Hague was born in San Francisco, California, the daughter of geologist and mining engineer James Duncan Hague and Mary Ward Foote Hague. Through the Foote family, she was related to the Beechers and to many other prominent New England families. Writer Kate Foote Coe was her aunt; her uncle Arthur De Wint Foote was a noted engineer, and husband of book illustrator Mary Hallock Foote. Another aunt married politician Joseph Roswell Hawley; his daughter, her first cousin Margaret Foote Hawley, was an artist.

Hague studied music in New York and Massachusetts, and abroad in France and Italy.

== Career ==
As a young woman in New York, Hague was a member of the New York Oratorio Society, and was a church choir director.

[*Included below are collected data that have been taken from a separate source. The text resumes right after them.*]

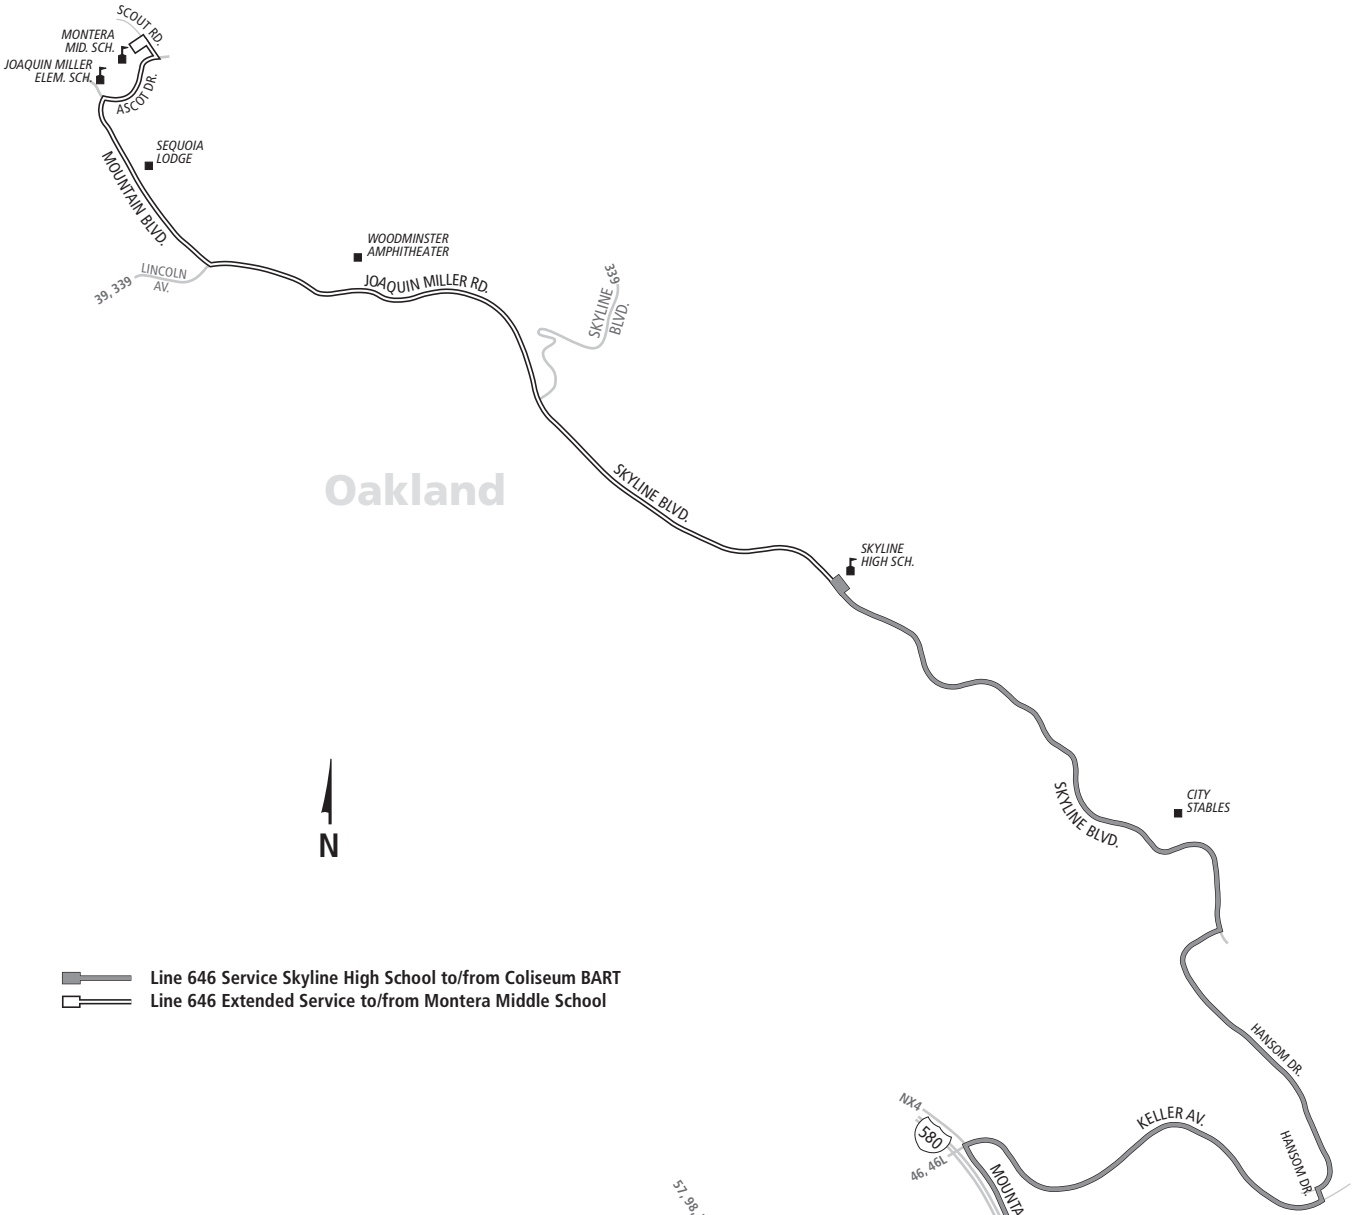

- Line 646 Service Skyline High School to/from Coliseum BART
- - - Line 646 Extended Service to/from Montera Middle School

Oakland
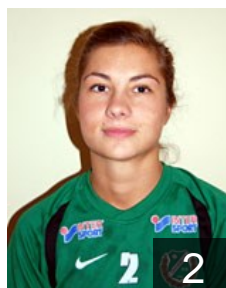

 SWE

Milding Lindgren Sofia

Position: Left Wing
Place of birth: Goteborg
Date of birth: 10.11.1989
Height: 177 cm

CLUB COMPETITIONS - DELEGATION LIST

Women's European Cup - Cup Winners' Cup 2008/09

SWE Önnereds HK - Players

11

NOR

Olsen Johanna

Position: Right Back
Place of birth: Orebro
Date of birth: 30.01.1980
Height: 180 cm

SWE

Olsson Sanna

Position:
Place of birth: Gagnef
Date of birth: 28.10.1991
Height: 178 cm

6

SWE

Petersen Ina

Position: Left Wing
Place of birth: Bjuv
Date of birth: 10.09.1988
Height: 170 cm

SWE

Prochazka Paula

Position: Line Player
Place of birth: Allhelgona
Date of birth: 19.05.1989
Height: 166 cm
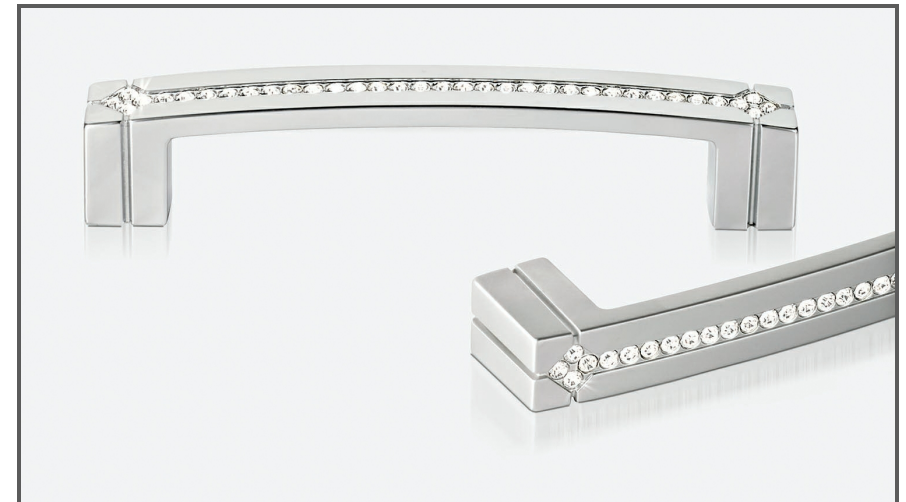

Sydney Head Office Phone: (02) 9542 4991
 Sydney Head Office Fax: (02) 9542 4662
 Brisbane 0400 494 368
 Melbourne 0409 578 885
 Auckland: 021 964 600
 Email: sales@kethy.com

Material:	Die-cast Zinc with Crystal Glass insert		
Article Number:	BL1301 / reference C /colour		
A	C	P	W
111	96	28	15
146	128	30	18
Colours available:	Polished Chrome (PC) Satin Chrome (SAT)

Hague collected, preserved, and published folk songs from Latin America and Spanish California. She was credited as arranger on a 1925 Victor recording of "Carmela" by Dusolina Giannini. She is best known for discovering the bound manuscript notebooks of Joseph María García, an eighteenth-century Mexican dance master, who made shorthand notations about how to perform specific dance steps. She also translated folksongs from Spanish to English, working with Luisa Espinel, Juan Bautista Rael, and Marion Leffingwell. She sometimes performed the songs she collected, singing and playing piano or guitar.

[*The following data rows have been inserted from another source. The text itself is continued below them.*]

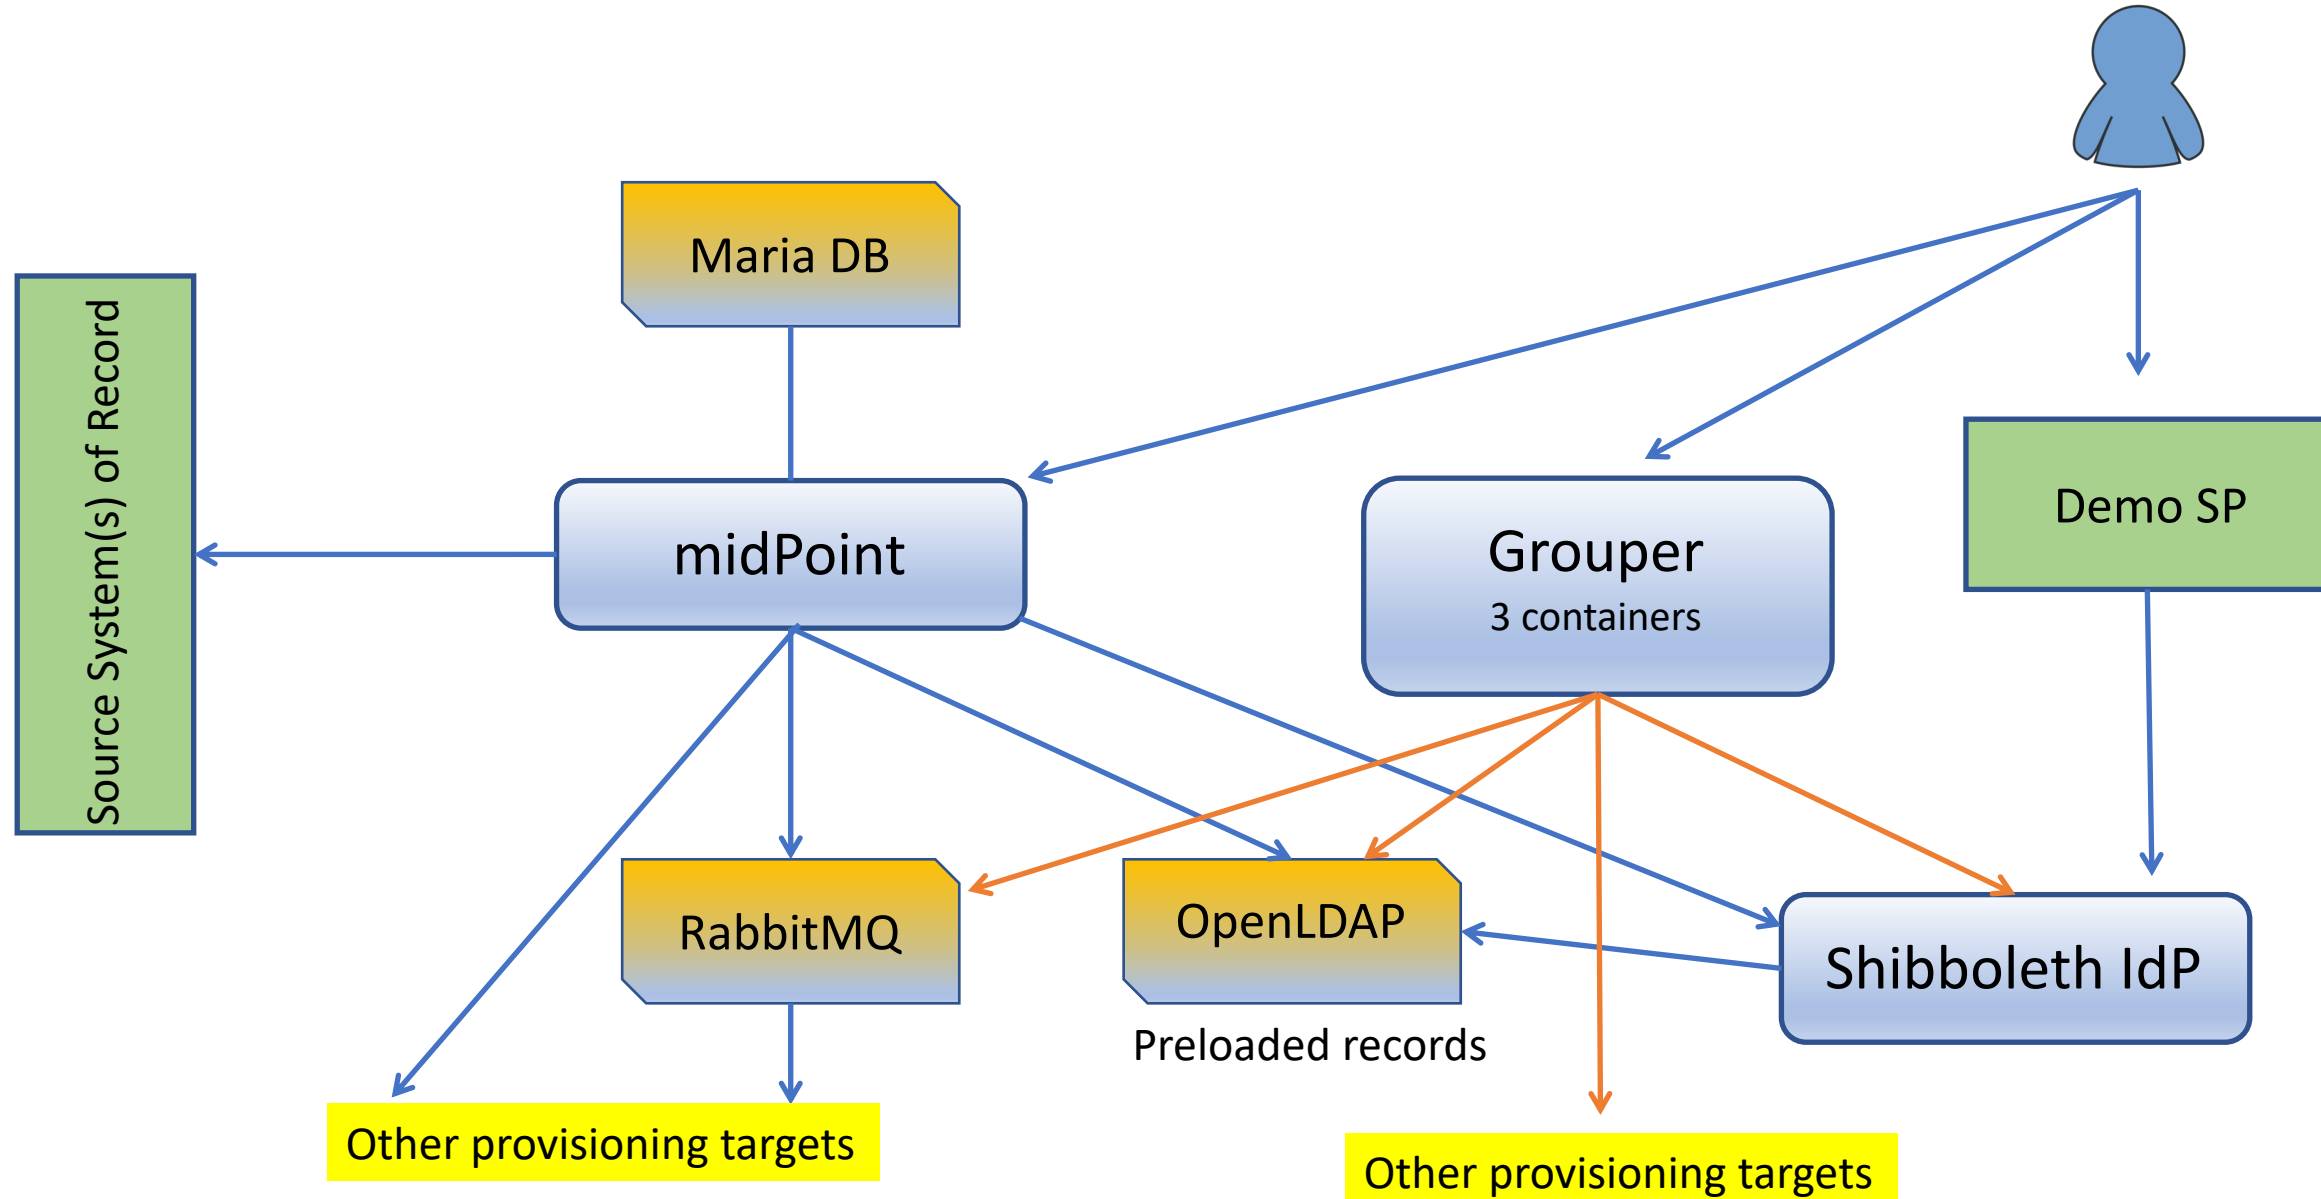

TIER Reference Implementations

2018-12-03

Shibboleth IdP Reference Implementation

COmanage Reference Implementation

Grouper Reference Implementation

midPoint Reference Implementation

TIER Basic Reference Implementation

TIER Standard Reference Implementation

TIER Research Reference Implementation

Parts

Blue – TIER Component; Yellow – Support Component; Green – external or demo

Openldap – preconfigured with users, COmanage and midpoint schema, etc.

IdP Boxed – and IdP/LDAP with known accounts and passwords (Paul's idea from last call)

IAM Boxed - a pre-populated Maria DB

In 1932, Hague lectured on early Spanish music at the Los Angeles Public Library. In the 1930s, she funded studies of Native American music, including composer Harry Partch's transcription of Charles Fletcher Lummis's wax cylinder recordings, and Frances Densmore's anthropological work.

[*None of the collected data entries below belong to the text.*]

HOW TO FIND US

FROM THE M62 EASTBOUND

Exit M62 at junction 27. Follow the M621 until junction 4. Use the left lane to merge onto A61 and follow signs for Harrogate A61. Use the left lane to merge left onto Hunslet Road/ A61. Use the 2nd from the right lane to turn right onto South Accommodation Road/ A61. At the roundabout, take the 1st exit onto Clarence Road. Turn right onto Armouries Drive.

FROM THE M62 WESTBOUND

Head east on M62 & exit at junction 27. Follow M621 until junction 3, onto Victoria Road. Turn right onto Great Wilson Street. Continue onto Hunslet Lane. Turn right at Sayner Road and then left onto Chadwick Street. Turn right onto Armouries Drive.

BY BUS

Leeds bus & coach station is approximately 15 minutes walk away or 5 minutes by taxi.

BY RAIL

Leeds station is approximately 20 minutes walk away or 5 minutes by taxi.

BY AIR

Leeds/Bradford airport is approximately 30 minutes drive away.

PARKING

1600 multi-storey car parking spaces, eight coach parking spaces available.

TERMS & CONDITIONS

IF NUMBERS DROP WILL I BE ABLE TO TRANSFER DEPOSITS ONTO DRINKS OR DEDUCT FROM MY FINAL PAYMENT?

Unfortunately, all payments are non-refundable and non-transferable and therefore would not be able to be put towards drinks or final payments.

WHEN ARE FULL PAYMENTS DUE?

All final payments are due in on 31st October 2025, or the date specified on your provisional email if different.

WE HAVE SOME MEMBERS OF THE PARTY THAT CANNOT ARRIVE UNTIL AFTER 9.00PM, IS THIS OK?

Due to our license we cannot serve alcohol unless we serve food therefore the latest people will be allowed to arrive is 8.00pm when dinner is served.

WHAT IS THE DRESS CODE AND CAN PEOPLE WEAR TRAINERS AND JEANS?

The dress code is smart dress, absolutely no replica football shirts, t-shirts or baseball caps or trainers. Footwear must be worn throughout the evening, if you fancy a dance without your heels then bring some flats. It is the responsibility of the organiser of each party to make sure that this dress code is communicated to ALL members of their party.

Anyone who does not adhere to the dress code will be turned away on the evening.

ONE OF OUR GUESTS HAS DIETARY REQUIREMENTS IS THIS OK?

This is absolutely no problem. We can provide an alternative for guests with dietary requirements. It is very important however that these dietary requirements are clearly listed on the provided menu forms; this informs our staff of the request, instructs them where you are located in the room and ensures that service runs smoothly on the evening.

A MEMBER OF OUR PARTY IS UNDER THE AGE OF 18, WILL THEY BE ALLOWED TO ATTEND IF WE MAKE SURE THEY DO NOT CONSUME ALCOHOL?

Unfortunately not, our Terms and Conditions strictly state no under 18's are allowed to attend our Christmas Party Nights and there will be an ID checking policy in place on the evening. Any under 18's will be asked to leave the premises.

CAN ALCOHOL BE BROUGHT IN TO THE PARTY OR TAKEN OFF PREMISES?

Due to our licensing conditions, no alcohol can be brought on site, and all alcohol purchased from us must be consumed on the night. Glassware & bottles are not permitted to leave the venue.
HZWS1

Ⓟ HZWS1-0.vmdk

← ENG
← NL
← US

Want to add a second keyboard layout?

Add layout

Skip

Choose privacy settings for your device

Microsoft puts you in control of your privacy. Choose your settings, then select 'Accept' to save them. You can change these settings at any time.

Hague founded the Jarabe Club at a settlement house in Pasadena, California, to teach Mexican traditional music and dance to young people, and she directed the students' performances. In 1941, she directed the Jarabe Club dancers when they performed in the National Folk Festival in Washington, D.C.

== Publications ==

- "Mexican Folk-Songs" (1912)
- "Brazilian Songs" (1912)
- Folk songs from Mexico and South America (1914, with Edward Kilenyi)
- "Spanish Songs from Southern California" (1914)
- "Eskimo Songs" (1915)
- "Five Mexican Dances" (1915)
- "Five Danzas from Mexico" (1915)
- Spanish-American Folk Songs (1917)
- Early Spanish-Californian folk-songs (1922, with Gertrude Ross)
- Latin-American Music Past and Present (1934)
- "Regional Music of Spain and Latin America" (1943)

== Personal life and legacy ==
Hague died in 1954, at the age of 79, in Flintridge, California. She left her papers to the Southwest Museum, including the Joseph María García manuscript. In 1996, the Children of the Hague Manuscript, an ensemble of young musicians in Atascadero, California, performed music based on the Joseph María García notes at several concerts.